La Asociación de Economía de la Salud (AES) ha planteado una crítica de fondo al modelo de gobernanza diseñado por el Ministerio de Sanidad en el Proyecto de Real Decreto de Financiación y Fijación de Precios de los Medicamentos en el Sistema Nacional de Salud. AES considera que la norma supone un avance en la ordenación de los procedimientos, pero cuestiona tanto la distribución de responsabilidades entre los órganos previstos como el encaje de la participación autonómica en las decisiones sobre expedientes concretos.

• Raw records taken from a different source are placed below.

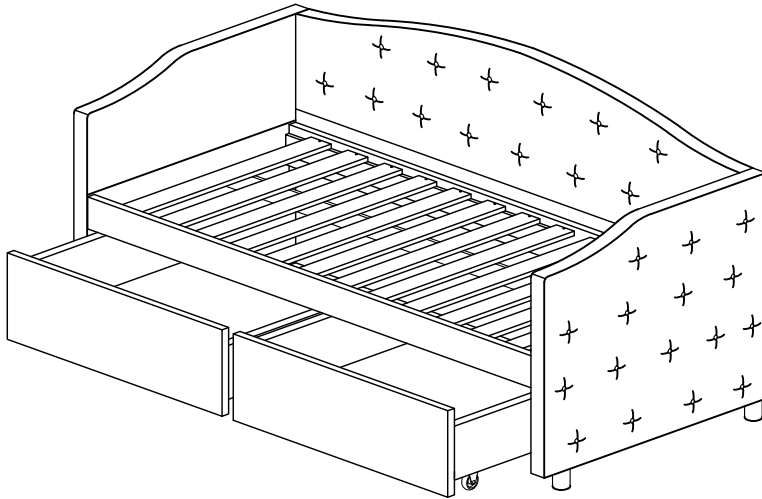

Assembly Instruction

Model : MANSI FULL DAYBED

Hardware List			
No.	SHAPE	DESCRIPTION	Qty.
A		M4x25mm Screw	24Pcs
B		M4x45mm Screw	20Pcs
C		M3.5x16mm Screw	32Pcs
D		JCBC M6x35mm	6Pcs
E		JCBB M8x16mm	20Pcs
F		Caster	8Pcs
G		Dowel 8X25	16Pcs
H		Plastic Leg	4Pcs
I		L Key M4	1Pcs
J		L Key M5	1Pcs
K		Flat Washer M6 x 19	6Pcs

Part List		
No.	Part Name	Qty.
1	Head Board	1Pcs
2&3	Side Board	2Pcs
4&5	Side Rail	2Pcs
6	LVL Slats	12Pcs
7	Drawer Front Panel	2Pcs
8&9	Drawer Side Panel	4Pcs
10	Drawer End Panel	2Pcs
11	Drawer Base Panel	2Pcs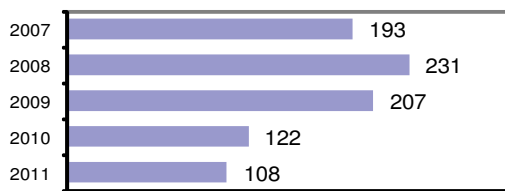

Agency 2011 Crime Report

Weiser Police Department

Population: 5,568
County: Washington

Offense Overview

- Offense total 108
- % change from 2010 -11.5
- # of cleared offenses 79
- Percent cleared 73.1

- Group "A" Crime Rate per 100,000 population 1939.7

- Summary based reporting crime rate per 100,000 population is calculated for other state crime comparisons only. 700.4

Arrest Overview

- Arrest total 172
- % change from 2010 6.2
- Adult arrest total 142
- Juvenile arrest total 30

- Arrest Rate per 100,000 population 3089.1

Group "A" Offenses	Offenses		Arrests	
	# Reported	# Cleared	Adult	Juvenile
Murder	0	0	0	0
Negligent Manslaughter	0	0	0	0
Forcible Rape	3	3	3	0
Robbery	0	0	0	0
Aggravated Assault	3	3	3	0
Burglary	10	4	3	6
Larceny	22	8	3	6
Motor Vehicle Theft	1	0	0	0
Arson	0	0	0	0
Simple Assault	29	29	28	2
Intimidation	1	1	1	0
Bribery	0	0	0	0
Counterfeiting/Forgery	0	0	0	0
Vandalism	13	7	6	2
Drug/Narcotics	9	9	7	0
Drug Equipment	10	10	11	0
Embezzlement	0	0	0	0
Extortion/Blackmail	0	0	0	0
Fraud	3	2	2	0
Gambling	0	0	0	0
Kidnapping	0	0	0	0
Pornography	0	0	0	0
Prostitution	0	0	0	0
Forcible Sodomy	0	0	0	0
Sexual Assault w/Object	0	0	0	0
Forcible Fondling	2	1	1	0
Incest	0	0	0	0
Statutory Rape	0	0	0	0
Stolen Property	0	0	0	0
Weapon Law Violation	2	2	2	0
Total Group "A"	108	79	70	16

Total Offenses - 5 year trend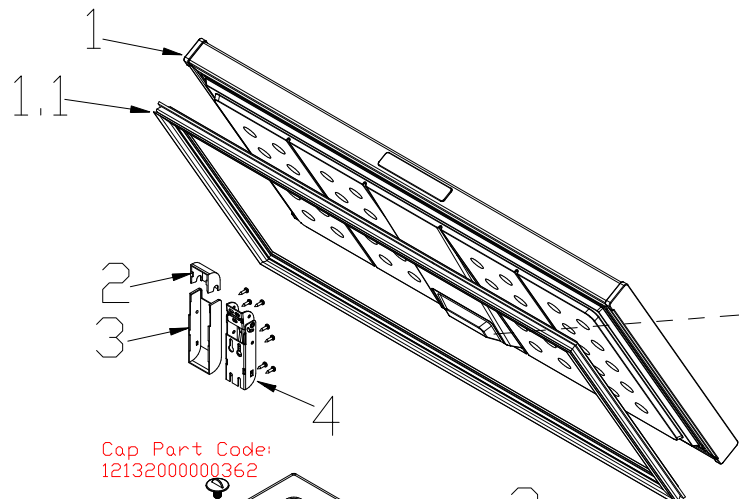

**optional part**

for some models

Cap Part Code:  
1213200000362

for some models

for some models

for some models

for some models

Las alegaciones, asumidas por la asociaciñón, pero elaboradas y firmadas por expertos como José María Abellán Perpiñán, Fernando Antoñanzas Villar, David Epstein, Félix Lobo Aleu, Pilar Pinilla Domínguez y Jaume Puig Junoy, parten de una valoración general positiva. AES reconoce que el proyecto constituye “un avance relevante” al ordenar procedimientos hasta ahora dispersos, regular expresamente la financiación condicionada, reforzar la reevaluación y vincular la política de precios con la competencia y la seguridad del suministro.
Sin embargo, la gobernanza de la financiación de medicamentos concentra los reparos más intensos del documento. AES sostiene que el proyecto prevé “una organización administrativa altamente inadecuada”, que “no refuerza el liderazgo del Ministerio de Sanidad” y que plantea una estructura “innecesaria e ineficaz” de órganos colegiados “casi asamblearios”.
La asociación llega a cuestionar el ajuste del modelo planteado en el RD al reparto constitucional de competencias entre Estado y comunidades autónomas. En sus alegaciones, considera “dudoso” que el proyecto encaje plenamente en el orden constitucional de distribución competencial cuando permite que las comunidades autónomas participen en la la Comisión Interministerial de Precios de los Medicamentos (CIPM), en la fase de adopción de decisiones concretas sobre expedientes individualizados y productos específicos.
AES utiliza una formulación especialmente crítica al afirmar que este modelo “no es acorde con la concepción, como mucho federal, de nuestro bloque de la Constitución”, sino con “una visión confederal que es ajena al mismo”. La organización no declara que el proyecto sea contrario al orden constitucional, pero sí advierte de que la intervención autonómica en decisiones sobre medicamentos concretos puede desbordar el papel que corresponde a las comunidades en la gestión de la prestación.
La asociación no propone excluirlas del proceso. Al contrario, defiende que debe garantizarse su participación y que las decisiones no pueden adoptarse “a sus espaldas”, ni ignorar sus responsabilidades presupuestarias y de gestión. Pero esa participación debe articularse sin “invadir las competencias del Estado ni perjudicar el liderazgo del Ministerio de Sanidad”.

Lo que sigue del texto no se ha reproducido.